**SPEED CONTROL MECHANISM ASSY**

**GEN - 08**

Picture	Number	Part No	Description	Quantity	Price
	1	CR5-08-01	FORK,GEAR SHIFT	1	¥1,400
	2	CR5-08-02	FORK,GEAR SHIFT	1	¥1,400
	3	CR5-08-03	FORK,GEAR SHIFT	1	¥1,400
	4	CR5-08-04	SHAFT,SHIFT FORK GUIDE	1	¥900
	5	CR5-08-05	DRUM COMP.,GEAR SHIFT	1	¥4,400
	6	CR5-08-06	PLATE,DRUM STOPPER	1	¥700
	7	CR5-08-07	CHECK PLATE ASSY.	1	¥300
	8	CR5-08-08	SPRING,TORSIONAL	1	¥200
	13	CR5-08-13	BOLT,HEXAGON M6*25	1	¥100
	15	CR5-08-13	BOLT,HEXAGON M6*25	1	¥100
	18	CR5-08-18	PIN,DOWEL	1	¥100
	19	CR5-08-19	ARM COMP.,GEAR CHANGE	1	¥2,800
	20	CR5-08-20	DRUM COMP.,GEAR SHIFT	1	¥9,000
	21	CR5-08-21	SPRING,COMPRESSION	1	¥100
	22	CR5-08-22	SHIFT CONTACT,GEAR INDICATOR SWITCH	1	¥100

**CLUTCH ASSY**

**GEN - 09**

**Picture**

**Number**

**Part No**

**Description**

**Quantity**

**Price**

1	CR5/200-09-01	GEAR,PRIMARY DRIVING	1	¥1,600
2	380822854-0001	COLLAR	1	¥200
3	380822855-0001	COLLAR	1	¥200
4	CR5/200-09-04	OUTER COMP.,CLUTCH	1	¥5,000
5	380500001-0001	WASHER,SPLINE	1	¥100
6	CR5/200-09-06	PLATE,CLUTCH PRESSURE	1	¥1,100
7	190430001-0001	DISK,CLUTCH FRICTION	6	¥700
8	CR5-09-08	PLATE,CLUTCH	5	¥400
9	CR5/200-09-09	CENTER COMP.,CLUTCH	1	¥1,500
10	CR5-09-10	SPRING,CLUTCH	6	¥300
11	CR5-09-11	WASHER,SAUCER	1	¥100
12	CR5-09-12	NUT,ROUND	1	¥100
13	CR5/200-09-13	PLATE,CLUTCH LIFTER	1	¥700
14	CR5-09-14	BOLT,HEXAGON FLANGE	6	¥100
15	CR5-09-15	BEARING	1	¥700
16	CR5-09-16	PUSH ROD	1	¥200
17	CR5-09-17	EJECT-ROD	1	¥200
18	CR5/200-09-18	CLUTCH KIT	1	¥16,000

..........

Work to be completed: Determine how many lines of the listing above include the word "PLATE", then write only that number.

Answer box: 5